Читаем Тревожное счастье полностью

— Два шага вперед — марш! — дал команду Ермилов.

Кныш вышел из строя.

— Над чем смеялись?

— Виноват, товарищ майор! Я вспомнил, что наш сержант дал команду «газы», когда вот там, за позицией, упала бомба. А теперь я увидел, что она разнесла, простите… уборную.

Зенитчики повернули головы туда, где стояла батарейная уборная, и молчаливый строй взорвался хохотом. Майор тоже засмеялся. Даже слезы заблестели у него на глазах. И он сквозь смех сказал:

— Газы? Ах, чертовы дети! Но и газы могут быть!

Только лейтенант Купанов брезгливо сморщился. И еще один человек не смеялся — я. Я не понимал, как можно смеяться над такой глупостью, когда тебе в лицо смотрит смерть?

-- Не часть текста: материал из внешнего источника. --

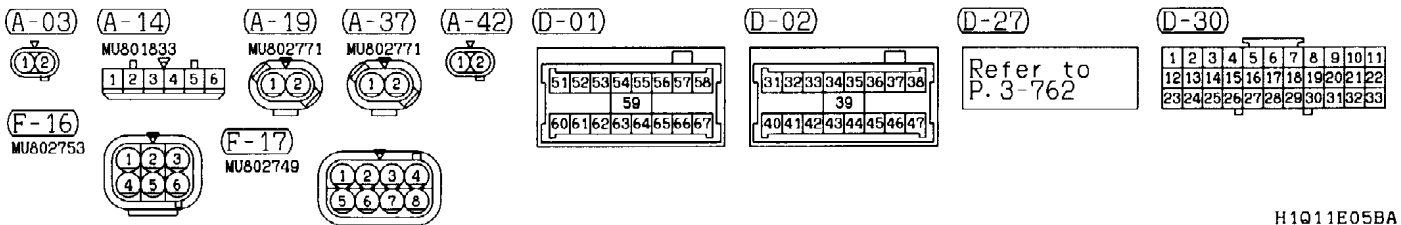

CENTRAL DOOR LOCKING SYSTEM AND FORGOTTEN KEY PREVENTION FUNCTION <L.H. drive vehicles with keyless entry system> (CONTINUED)

3
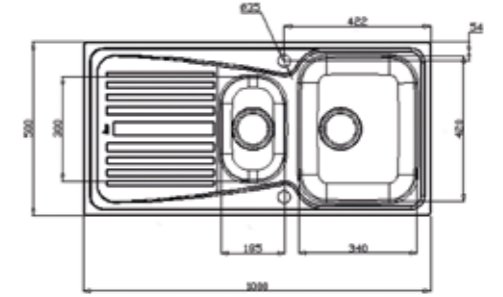

Kod / Model	Renk	Fiyat	
40109787	Sağ Damlalıklı	Paslanmaz Çelik	629₺
40109784	Sol Damlalıklı	Paslanmaz Çelik	629₺
40109785	Sağ Damlalıklı	Mikroketen	699₺
40109782	Sol Damlalıklı	Mikroketen	699₺

HAZNE DERİNLİĞİ 150mm
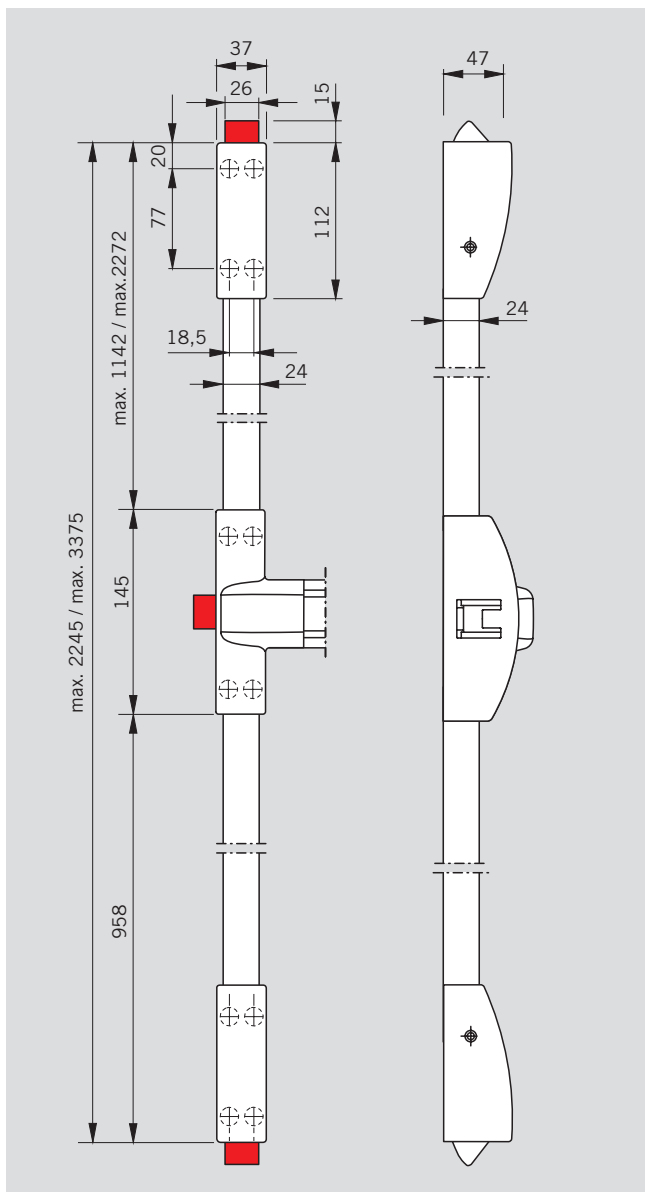

2/3bodové zamykání
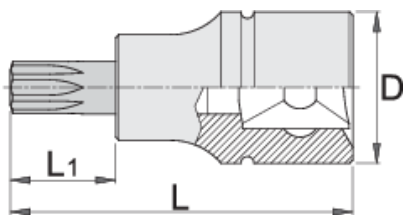

Nastavek vijačni 3/8" z ZX profilom

236/2ZX

Profil

Atributi izdelka

- material: glava: Premium Flex krom vanadijevo jeklo, kromirana
- material: vijačni nastavek: Premium Plus ogljikovo jeklo, protikorozijsko naoljen
- v celoti poboljšan
- v celoti izdelan v skladu s standardom DIN 2324

		L	L1	D		
612113	M5	48	22	18	37	Till end of stock
612114	M6	48	22	18	39	Till end of stock

L

L1

D

612115

M8

48

22

18

46

Till end of stock

* Slike proizvodov so simbolične. Vse dimenzije so v mm, masa v g. Vse navedene dimenzije lahko odstopajo v tolerančnih merah.
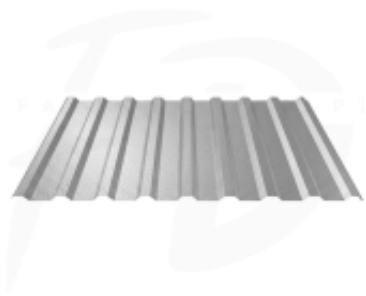

Link do produktu: <https://expressdach.pl/blacha-trapezowa-t-20-plus-powloka-alucynk-0-5mm-firmy-blachotrapez-p-872.html>

Blacha trapezowa T-20 plus powłoka Alucynk 0,5mm firmy Blachotrapez

Cena brutto	31,00 zł
Cena netto	25,20 zł
Cena poprzednia	41,33 zł
Dostępność	Dostępny
Czas wysyłki	10 dni
Numer katalogowy	BL-0872

Opis produktu

Blacha trapezowa T-20 plus powłoka Alucynk 0,5mm firmy Blachotrapez

Blacha trapezowa T-20 plus ma bardzo szerokie zastosowanie.

Duża dostępność kolorów oraz powłok sprawia, że produkt ten szczególnie dobrze sprawdza się w formie ogrodzeń, elewacji, pokryć budynków gospodarczych, wiat oraz hal magazynowych. Oferta firmy Blachotrapez zawiera pełen przekrój produktów dedykowanych zarówno budownictwu indywidualnemu jak również inwestycyjnemu. Możliwość dostosowania wymiaru arkusza do projektu minimalizuje odpady i wpływa na ekonomię wykonania.

Zastosowanie blachy trapezowej T-20 plus:

- pokrycia budynków gospodarczych
- wiaty
- garaże
- hale magazynowe i produkcyjne

Specyfikacja techniczna

Blachotrapez T-20 plus	
Długość minimalna	0,50 m
Długość maksymalna	12 m
Szerokość całkowita	1,120 m
Szerokość efektywna	1,070m
Wysokość profilu	19 mm
Minimalny kąt nachylenia dachu	9°
Materiał	blacha stalowa powlekana powłoką aluminiowo cynkowo krzemową
Powłoka ochronna	bezbarwny lakier akrylowy
Grubość lakieru	2-5 [µm]
Klasa korozyjności	C4
Gwarancja techniczna	25 lat
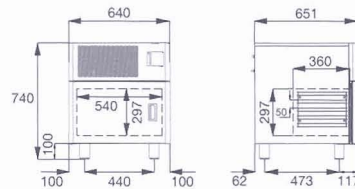

AMX 304

AMX3T CUBE

230V - 50Hz

MAX CONDITIONS

32°C

60% UR

Basic

	GN 2/3	-
Bleche - Inhoud platen	GN 1/1	3
	EN 400X600	-
Dimension - Afmetingen (L x P x H)	mm	640X651X685 (740)
Ergiebigkeit Schnellkühlung Opbrengst snelkoelen	Kg (t=90' +70°C/+3°C)	9
Ergiebigkeit Schockfrostung Opbrengst diepvriezen	Kg (t=270' +70°C/-18°C)	7
Kälteleistung - Koudevermogen	W (-10°C/+45°C)	1390
Leistungsaufnahme - Opgenomen vermogen	W	610
Gewicht - Gewicht	Kg	73,3

Technische Daten und Eigenschaften mit Änderungen ohne Anzeige.
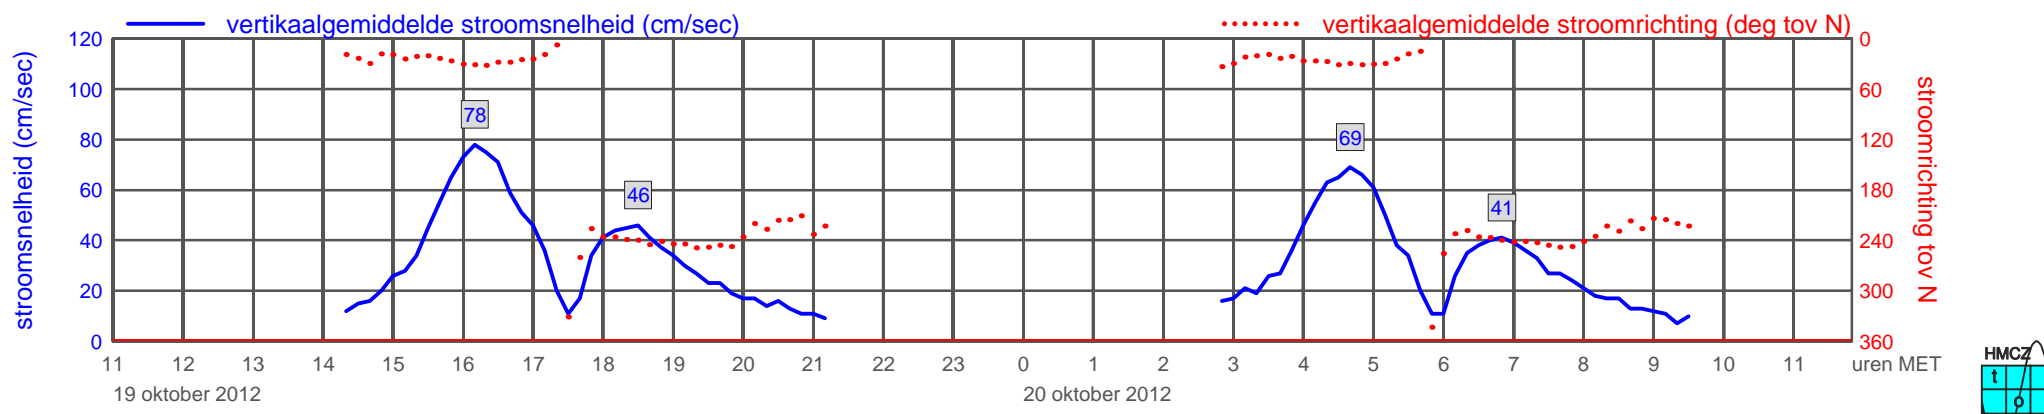

meetpunt RVB_MP0624_201211 (x=053833 , y=380354 , bodem=NAP -0.71 m sensor=NAP -0.61 m)

rijkswaterstaat zeeland

meetpunt RVB_MP0624_201211 (x=053833 , y=380354 , bodem=NAP -0.71 m sensor=NAP -0.61 m)

meetpunt RVB_MP0624_201211 (x=053833 , y=380354 , bodem=NAP -0.71 m sensor=NAP -0.61 m)

meetpunt RVB_MP0624_201211 (x=053833 , y=380354 , bodem=NAP -0.71 m sensor=NAP -0.61 m)

meetpunt RVB_MP0624_201211 (x=053833 , y=380354 , bodem=NAP -0.71 m sensor=NAP -0.61 m)

rijkswaterstaat zeeland

meetpunt RVB_MP0624_201211 (x=053833 , y=380354 , bodem=NAP -0.71 m sensor=NAP -0.61 m)
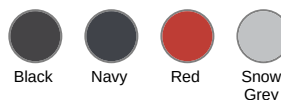

Code douanier
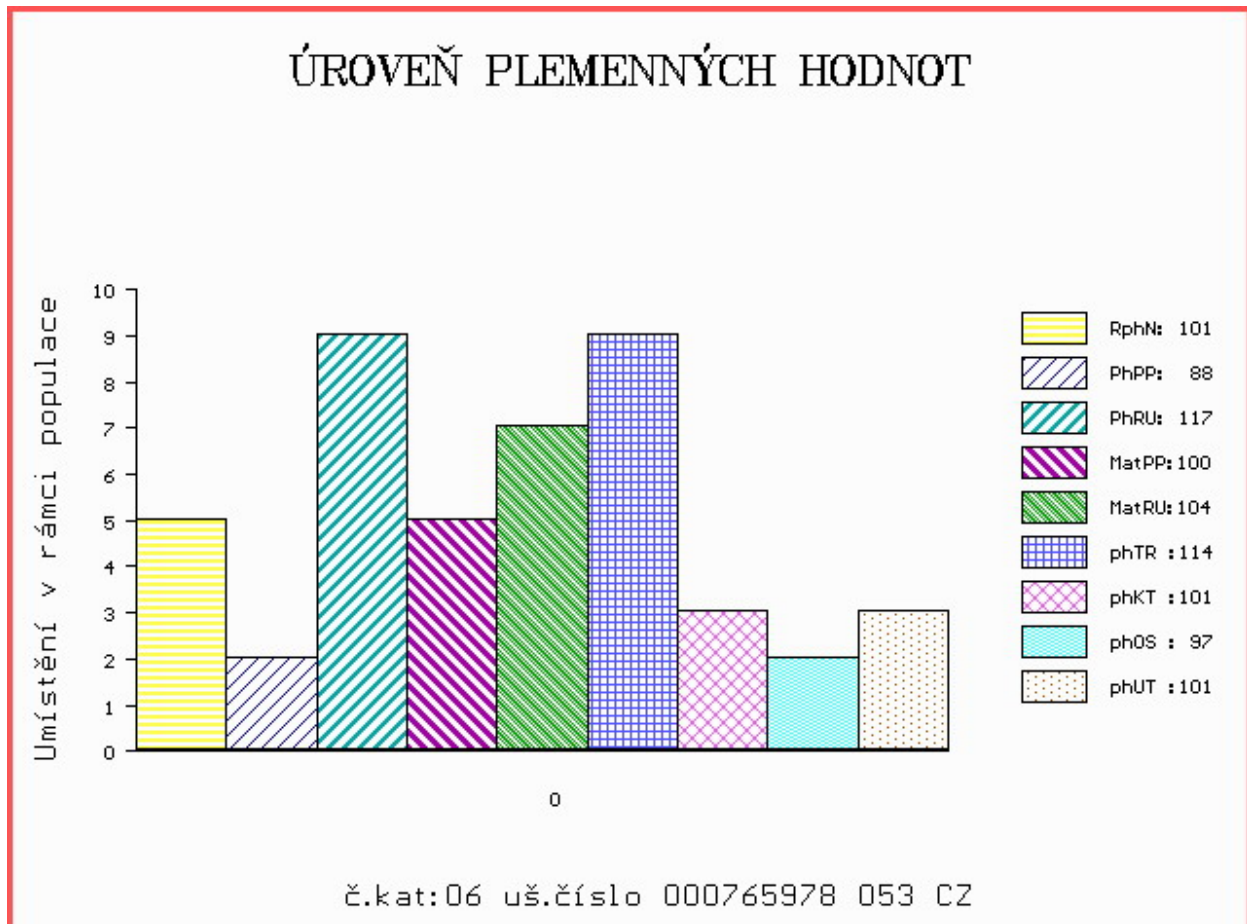

Číslo : **765978 053 CZ BERNARD ZE DVORA** Číslo katalogu 6
Dat.nar. : 19.12.2015 Plemeno : Y100 Limousine
Chovatel : Šeda J., Helvíkovice
Majitel : Šeda J., Helvíkovice

OOO 270 669 ABERG PAN P 58305-00341
OO ZLI 553 RYDE URANOS P 57065-00457
MOO 5706500398 DK RYDE ROYAL 57065-00398

Otec ZLI 551 BOLIDE P 8700840992
OMO ZLI 402 NENUPHAR 8797011143
MO 8700840734 FR VALSE 8700840734
MMO 8793004967 FR IDOLE 8793004967

OOM ZLI 325 KOLJA VFU 007764119005
OM ZLI 611 POET VFU 007000544203081
MOM 236 517 CZ GAJA VFU 007517000236

MA 247940 953 CZ /3 ot 114000247940953
OMM LIP 073 FEBUS ET 026517001732
MM 8327 517 CZ HANKA ZE DVORA 114517008327
MMM 449 517 CZ FANČA ZE DVORA 114517000449

Vl.užit:nar: **44** kg ve 120d: **218** kg ve 210d: **335** kg v 365d: **596** kg / kříž: **0** cm
Přírustek od narození: **1532 g / 101** šourek **38** cm
Věk při ZV **435** dní aktuálně k 24.01.17 hmotnost: **660** kg výška v kříži: **143** cm

PLEMENNÉ HODNOTY										LINEARNÍ HODNOCENÍ								
	pp	ru	pp	ru	TR	KT	OS	UT		Hmot	kříž	TR	KT	OS	UT	CE		
BÝK	PE	88	117	ME	100	104	114	101	97	101								
MATKA	PE	93	94	ME	97	134	116	108	106	108	840	/	144	26	21	19	7	73
Otec	PE	83	132	ME	100	83	109	100	97	101	730	/	151	26	22	21	8	77

HODNOCEN: TR 10 / /10 KT / / OS / / UT Výsledek:
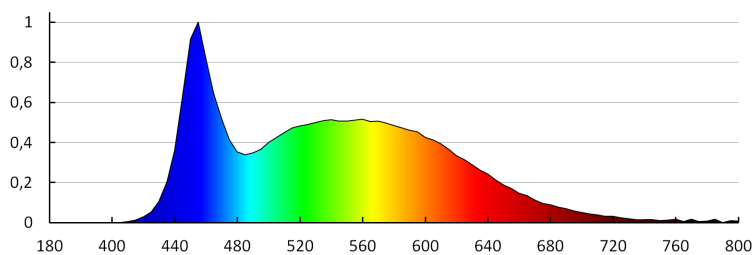

KANLUX S.A. (kat 22770) CROTO LED GR-L / Krzywa rozsyłu światła (biegunowo)

Когда чистили орудия, у меня неожиданно появилась мысль вести дневник. Когда-то до армии, в техникуме, я аккуратно записывал все события своей студенческой жизни. Тут, на батарее, бросил — заменил письмами к Саше, которые писал каждую свободную минуту (хотя таких минут было немного), и даже просил у командира разрешить это делать во время мертвого часа — после обеда, когда вся батарея отдыхала. А теперь… будут ли теперь доходить мои письма в родную даль? Да и не все можно написать — сейчас война. А мне хочется, чтобы Саша, моя Саша, и моя дочка когда-нибудь узнали, как я встретил войну, какими мыслями жил в эти дни… Если погибну, то, конечно, найдется добрая душа и перешлет дневник Саше.

И вот я пишу… Может, слишком подробно описал первый неудачный бой с немецкими самолетами, бой, о котором хочется забыть, не вспоминать, но, вероятно, никогда, до самой смерти, не забудешь.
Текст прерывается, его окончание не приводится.